Instructions to follow: Show all lines from the data that include the word "Current".

Given information:
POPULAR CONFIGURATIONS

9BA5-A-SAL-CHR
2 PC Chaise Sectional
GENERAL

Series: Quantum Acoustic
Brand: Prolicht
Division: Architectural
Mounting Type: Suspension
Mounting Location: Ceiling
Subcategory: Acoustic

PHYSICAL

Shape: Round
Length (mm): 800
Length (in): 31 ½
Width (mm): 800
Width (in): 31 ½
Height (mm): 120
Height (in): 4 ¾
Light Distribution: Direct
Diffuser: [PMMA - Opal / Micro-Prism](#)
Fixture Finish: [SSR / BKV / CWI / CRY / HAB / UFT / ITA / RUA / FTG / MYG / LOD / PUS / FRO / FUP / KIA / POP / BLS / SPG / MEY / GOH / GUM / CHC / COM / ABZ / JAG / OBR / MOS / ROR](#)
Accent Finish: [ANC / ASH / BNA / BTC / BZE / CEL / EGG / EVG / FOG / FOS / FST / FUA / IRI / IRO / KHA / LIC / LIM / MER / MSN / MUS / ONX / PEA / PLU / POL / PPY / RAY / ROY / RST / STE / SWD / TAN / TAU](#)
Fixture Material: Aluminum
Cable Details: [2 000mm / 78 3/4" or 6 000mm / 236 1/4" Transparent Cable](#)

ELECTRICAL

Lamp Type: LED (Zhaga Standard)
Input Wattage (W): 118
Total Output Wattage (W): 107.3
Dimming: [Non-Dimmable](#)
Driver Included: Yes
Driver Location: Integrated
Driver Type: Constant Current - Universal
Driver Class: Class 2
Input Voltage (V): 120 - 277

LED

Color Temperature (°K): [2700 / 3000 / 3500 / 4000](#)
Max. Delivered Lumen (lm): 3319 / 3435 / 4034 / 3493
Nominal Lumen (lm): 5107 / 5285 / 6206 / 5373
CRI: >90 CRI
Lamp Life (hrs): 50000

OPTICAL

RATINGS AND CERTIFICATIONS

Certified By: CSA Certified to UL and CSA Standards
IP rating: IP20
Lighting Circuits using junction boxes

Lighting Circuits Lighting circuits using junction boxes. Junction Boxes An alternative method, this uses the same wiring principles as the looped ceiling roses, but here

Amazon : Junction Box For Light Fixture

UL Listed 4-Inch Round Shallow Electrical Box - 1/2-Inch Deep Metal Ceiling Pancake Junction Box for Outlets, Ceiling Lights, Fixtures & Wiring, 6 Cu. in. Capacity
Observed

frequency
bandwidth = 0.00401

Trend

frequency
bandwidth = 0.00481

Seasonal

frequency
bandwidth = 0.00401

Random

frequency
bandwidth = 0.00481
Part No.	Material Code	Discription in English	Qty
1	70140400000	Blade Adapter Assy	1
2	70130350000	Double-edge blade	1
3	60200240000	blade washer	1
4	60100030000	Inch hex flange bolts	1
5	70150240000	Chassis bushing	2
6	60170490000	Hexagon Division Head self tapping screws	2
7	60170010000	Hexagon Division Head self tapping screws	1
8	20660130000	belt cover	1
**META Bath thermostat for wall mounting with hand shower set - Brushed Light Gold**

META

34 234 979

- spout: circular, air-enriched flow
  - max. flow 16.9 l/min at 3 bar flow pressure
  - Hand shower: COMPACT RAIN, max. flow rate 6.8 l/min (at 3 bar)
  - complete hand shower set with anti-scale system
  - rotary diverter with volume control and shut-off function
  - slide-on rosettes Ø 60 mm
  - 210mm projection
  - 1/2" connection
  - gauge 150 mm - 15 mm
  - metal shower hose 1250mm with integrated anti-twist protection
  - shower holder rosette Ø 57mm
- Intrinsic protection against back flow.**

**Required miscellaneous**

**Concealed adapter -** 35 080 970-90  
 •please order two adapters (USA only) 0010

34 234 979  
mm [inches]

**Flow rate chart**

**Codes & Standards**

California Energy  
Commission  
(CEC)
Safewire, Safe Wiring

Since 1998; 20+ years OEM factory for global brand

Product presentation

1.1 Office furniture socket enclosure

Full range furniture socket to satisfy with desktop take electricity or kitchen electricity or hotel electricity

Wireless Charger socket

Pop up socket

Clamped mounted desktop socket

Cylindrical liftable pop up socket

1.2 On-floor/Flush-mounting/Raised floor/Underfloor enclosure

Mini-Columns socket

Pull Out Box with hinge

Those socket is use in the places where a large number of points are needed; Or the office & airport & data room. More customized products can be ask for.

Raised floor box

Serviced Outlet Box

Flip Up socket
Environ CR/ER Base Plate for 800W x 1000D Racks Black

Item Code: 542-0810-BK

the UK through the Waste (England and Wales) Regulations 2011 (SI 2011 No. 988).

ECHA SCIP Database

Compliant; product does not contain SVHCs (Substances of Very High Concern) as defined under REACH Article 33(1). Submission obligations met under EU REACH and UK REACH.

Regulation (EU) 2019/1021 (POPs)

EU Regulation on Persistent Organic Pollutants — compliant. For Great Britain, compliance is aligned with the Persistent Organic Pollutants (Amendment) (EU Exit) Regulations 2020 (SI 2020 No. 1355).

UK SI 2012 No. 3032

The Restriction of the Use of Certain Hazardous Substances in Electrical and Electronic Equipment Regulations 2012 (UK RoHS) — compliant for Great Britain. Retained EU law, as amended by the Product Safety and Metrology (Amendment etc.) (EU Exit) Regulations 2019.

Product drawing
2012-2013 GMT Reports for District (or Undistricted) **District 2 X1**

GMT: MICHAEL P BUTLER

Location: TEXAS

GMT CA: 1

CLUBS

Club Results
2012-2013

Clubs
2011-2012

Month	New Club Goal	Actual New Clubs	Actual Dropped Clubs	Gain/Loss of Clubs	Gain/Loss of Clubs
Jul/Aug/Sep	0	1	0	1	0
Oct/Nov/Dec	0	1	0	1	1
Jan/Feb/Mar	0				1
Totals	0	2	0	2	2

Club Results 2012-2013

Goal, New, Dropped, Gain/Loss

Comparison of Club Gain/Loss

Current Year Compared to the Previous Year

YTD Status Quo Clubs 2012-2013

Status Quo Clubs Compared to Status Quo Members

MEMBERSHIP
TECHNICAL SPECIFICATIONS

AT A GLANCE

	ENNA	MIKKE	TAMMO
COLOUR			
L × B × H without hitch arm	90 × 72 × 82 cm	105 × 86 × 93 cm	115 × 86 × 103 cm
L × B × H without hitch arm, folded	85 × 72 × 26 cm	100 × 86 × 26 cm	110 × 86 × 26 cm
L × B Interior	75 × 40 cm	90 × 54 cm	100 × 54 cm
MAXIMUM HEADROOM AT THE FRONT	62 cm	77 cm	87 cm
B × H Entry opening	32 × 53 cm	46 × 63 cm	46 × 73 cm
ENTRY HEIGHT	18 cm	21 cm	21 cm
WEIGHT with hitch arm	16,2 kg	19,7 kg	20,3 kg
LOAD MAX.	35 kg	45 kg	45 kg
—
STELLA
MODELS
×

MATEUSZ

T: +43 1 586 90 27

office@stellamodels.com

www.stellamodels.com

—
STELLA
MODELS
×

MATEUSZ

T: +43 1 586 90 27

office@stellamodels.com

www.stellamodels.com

Exercise answer:
Driver Type: Constant Current - Universal
Current Year Compared to the Previous Year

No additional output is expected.